At the outset of this article, let me be VERY clear: I completely disagree with John Hagee on a slew of issues, particularly in relation to the modern role of Israel. Completely disagree. Despite this, I would not hesitate to call him a Christian brother.
I am rather baffled, though, at the continual harping from CR?N’s general editor, that being the unaccountable Mr. Ken Silva (not to be confused with the completely unaccountable, unknowable “Editor”) on John Hagee, his new book, and his comments about Jesus as Messiah. All “pastor” Silva’s numerous articles on the subject have proven is that the word “research” and “Ken Silva” should not appear in the same sentence, absent the word “poor” in complement to the word “research”. The only thing truly revealed (for those of you who weren’t reading his laughable exegeses of Velvet Elvis) is his continued tin ear for nuance.
To wit:
Mr. Silva keeps trying to insist that John Hagee heretically believes that Jesus is not the Christ (the Messiah), today quoting Hagee’s book:
“[Jesus] refused to be their Messiah [the Jews], choosing instead to be the Savior of the world.”
What Silva completely and utterly misses is that Hagee is referring to the Jewish ideal of Messiah, developed in the “intertestimental period”. In this Messiah ideal, the belief was that there would be many Messiahs, stylized after Judas Maccabeus, who would serve to overthrow foreign powers oppressing Israel.

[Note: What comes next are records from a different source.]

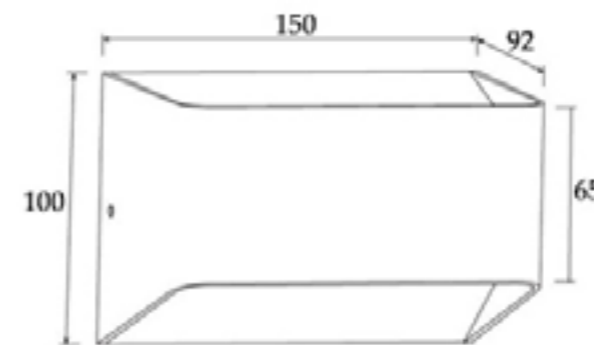

The Stern wall light has an IP54 rating allowing for interior and exterior use

It's 2x5W integral SMD LED giving a uniform dissipation of light both up and down direction

The ADC12 housing material provides excellent thermal management along with the 94-V0 fire rated PC diffuser

Internal flicker free driver

Designed for indoor and outdoor lighting applications such as hotels, parks, and corridors and courtyards

Finish	Black
Wattage	10W
Voltage	AC220-240VAC
Light Source	LED SMB
CCT	3000K
CRI	≥ 80
Lumens	400-500
Beam width	90°
LED Driver	Built in
Dimmable	No
Material	Aluminium/PC

This idea of “Messiah” was often combined with the identification of the Davidic “Shoot” (netzer) identified by Isaiah, as a conquering king who would come to reign in Jerusalem forever.
The Jewish vision of “Messiahship” in the first century was all about overthrowing the Roman occupation of Israel. Hagee, in his book, seeks to show that Jesus rejected this type of Messiahship (as envisioned by Jewish hope against oppression) – which was actually offered to him by Satan in the wilderness – in exchange for the actualy place of the shoot from the stump of Jesse, the Messiahship envisioned by God, which conquered through love, not coersion. Jesus gave clues througout his ministry (read all of John 6) that he was not going to be a conqueror Messiah, but the people didn’t want to believe this – not even his disciples.

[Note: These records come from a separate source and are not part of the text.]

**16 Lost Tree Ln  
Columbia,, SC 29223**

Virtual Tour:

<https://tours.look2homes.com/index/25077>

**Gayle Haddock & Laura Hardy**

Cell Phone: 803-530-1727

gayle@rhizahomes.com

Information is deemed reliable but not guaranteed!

In this particular matter, Hagee is completely orthodox, and his wording was chosen as one to better explain Jesus’ role to conversant Jews and Jewish Christians (an audience he frequently addresses). Silva, though, for whatever reason, has chosen to brazenly display his ignorance on such matters for the world to see, and in the end, only serves to warn those already living in fear.